Shortly afterwards, County Archæological Societies in London and greater London began to be formed. In 1846 the Sussex Society, in 1853 the Essex Society, in 1854 the Surrey Society, in 1855 the London and Middlesex Society, and in 1857 the Kent Society were established. Each of these societies has published transactions and other works of solid value. In each the annual or more frequent excursion to places of archæological interest within the county is an essential feature, tending to the dissemination of knowledge and to the preservation of antiquities, and affording the advantages of social intercourse. Societies have also been established for the like purposes within more restricted areas, as in Hampstead, Battersea, Balham, Lewisham, Whitechapel, and elsewhere.

Of merely publishing societies, the Percy, the Camden, the Shakespeare, and the Arundel have run their course; but many others, as the Roxburgh, the Harleian, the New Palæographic, and the Palæontological still exist to delight their subscribers with the reproduction of rare works.
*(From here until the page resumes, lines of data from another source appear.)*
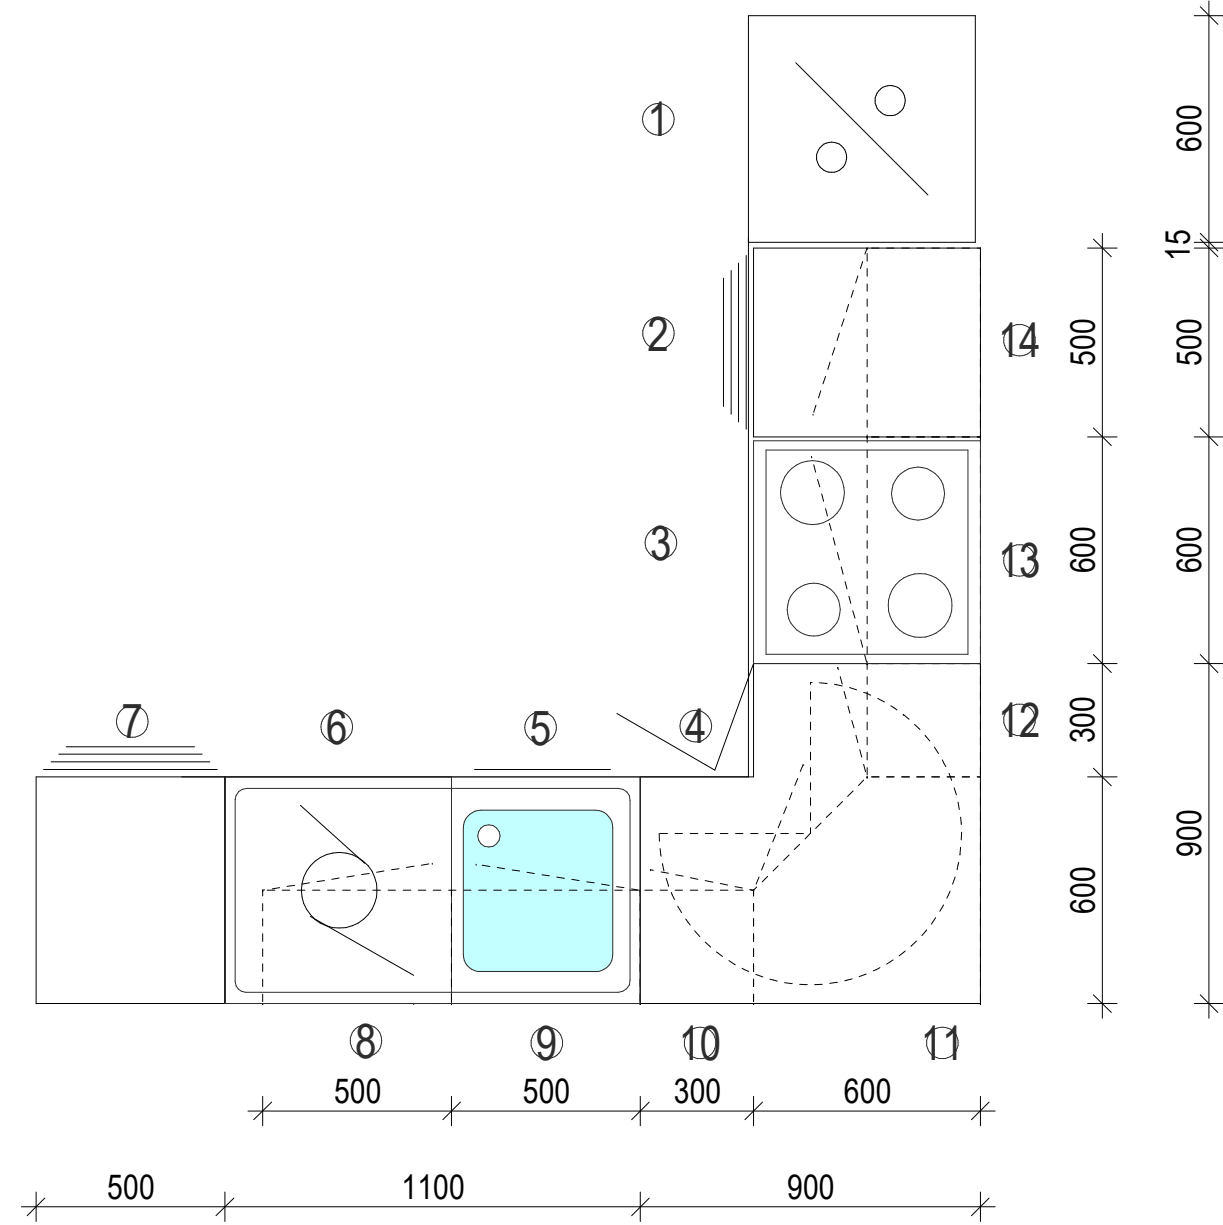

- ① 600 Kombiskap Kjøle / frys
- ② 500 Benk med 4 skuffer
- ③ 600 Innbygg komfyr/platetopp - komfyrvakt
- ④ 900 Hjørneseksjon med karusell
- ⑤ 500 oppvaskkum m/avfallsskuff
- ⑥ 500 oppvaskmaskin
- ⑦ 500 Benk med 4 skuffer
- ⑧ 500 overskap vitrine
- ⑨ 500 overskap vitrine
- ⑩ 300 overskap
- ⑪ 600 overskap hjørne
- ⑫ 300 overskap
- ⑬ 600 overskap m/ kjøkkenvifte
- ⑭ 500 overskap
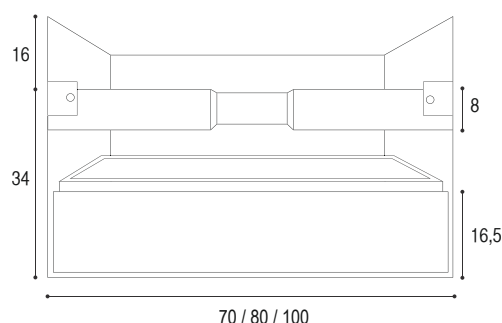

F LAMPADA A LED UNIKA

Con trasformatore incorporato

142-LUK100	cm 30 x 4 x 10
------------	----------------

B

NEW ENTRY

Olmo
Cemento

Olmo
Scuro

Olmo
Naturale
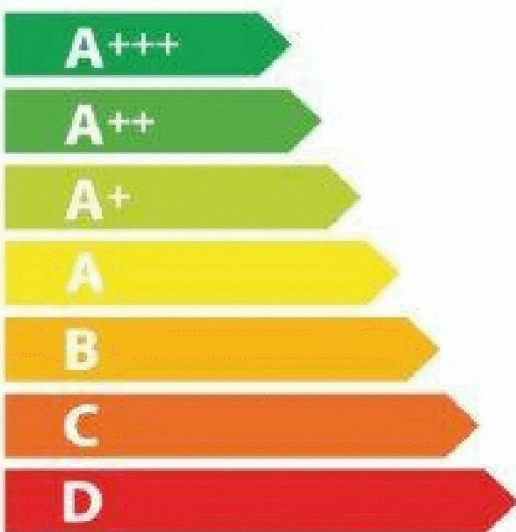

ENERG
енергия · ενεργεια

Y IJA
IE IA

De Dietrich

DCI1593W

A

55 L

0.77 kWh / cycle*

0.90 kWh / cycle*
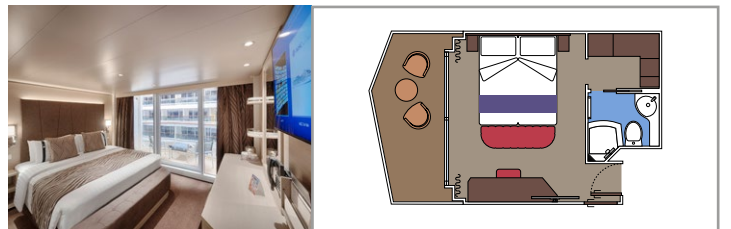

**INSTALACIONES INCLUIDAS**

- Suites de lujo con interiores prémium
- Algunas suites tienen balcón con bañera de hidromasaje privada
- Armario espacioso
- Cómoda cama doble o camas individuales (bajo petición)
- Baño con amplia ducha y/o bañera
- TV interactiva, teléfono, caja fuerte, minibar y aire acondicionado
- Conexión wifi incluida

› **Balcón:**

- › Balcón privado
- › Bañera de hidromasaje privada
- › Mesa de comedor

› **Segundo piso:**

- › Habitación principal con cama doble
- › Baño con bañera grande y secador de pelo
- › Amplio armario

› Balcón con vistas al Promenade y al mar  
› Vestidor

**BALCÓN DELUXE CON VISTAS AL PROMENADE** PR2

≈16   
 ≈5   
 12-14   
 2

› Balcón con vistas al Promenade y al mar  
› Vestidor

**BALCÓN DELUXE CON VISTAS AL PROMENADE** PR1
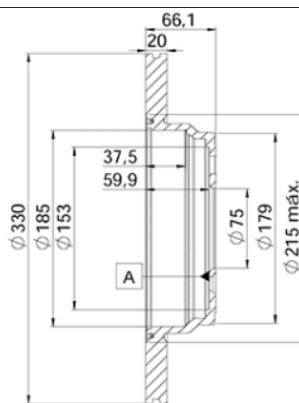

LISTA DE APLICACIONES - BUYERS GUIDE

78BD3420-2

Weight: 16.560

O.E.M.	MAKE
34 21 6 792 233	BMW
34 21 6 864 899	BMW
6792233	BMW
6864899	BMW

78BD3420-2

E1 90R-02C0438/1589

Ø330x20x66.1

MAKE
BMW
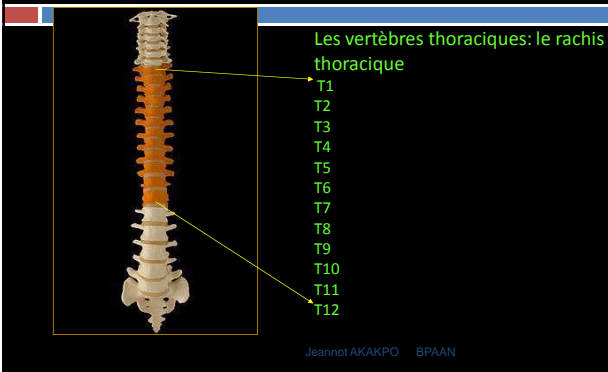

La colonne vertébrale: déviations

- Lordoses : courbure de la colonne vers l'avant
 - cervicale: rachis cervical
 - lombaire: rachis lombaire
- Cyphoses : courbure vers l'arrière
 - dorsale ou thoracique: rachis thoracique
 - sacrale: sacrum et coccyx

Jeannot AKAKPO BPAAN

Les os de la colonne vertébrale

Les os de la colonne vertébrale.

Les os de la colonne vertébrale.

Les os de la colonne vertébrale.

Les os du bassin: sacrum et le coccyx

Les os du bassin: sacrum et coccyx

Les os du bassin: os coxal

Les os du bassin.

Les os de l'épaule

Les os de l'épaule

Les os de l'épaule

Les os du membre supérieur

Les os du membre supérieur: le bras

Les os du membre supérieur: l'avant bras

In this summary account of the principal Learned Societies of London it has not been possible to include many societies of great importance, such as the Colleges of Physicians and Surgeons, the numerous societies connected with other professional pursuits, the Linnæan, Zoological, Botanical, and other societies devoted to natural history; the Royal Astronomical Society, which has important public functions; the Royal Academy, and other institutions devoted to art. The roll of Learned Societies is being constantly increased. Among recent additions may be mentioned the British Academy for Historical Studies, and the Sociological Society.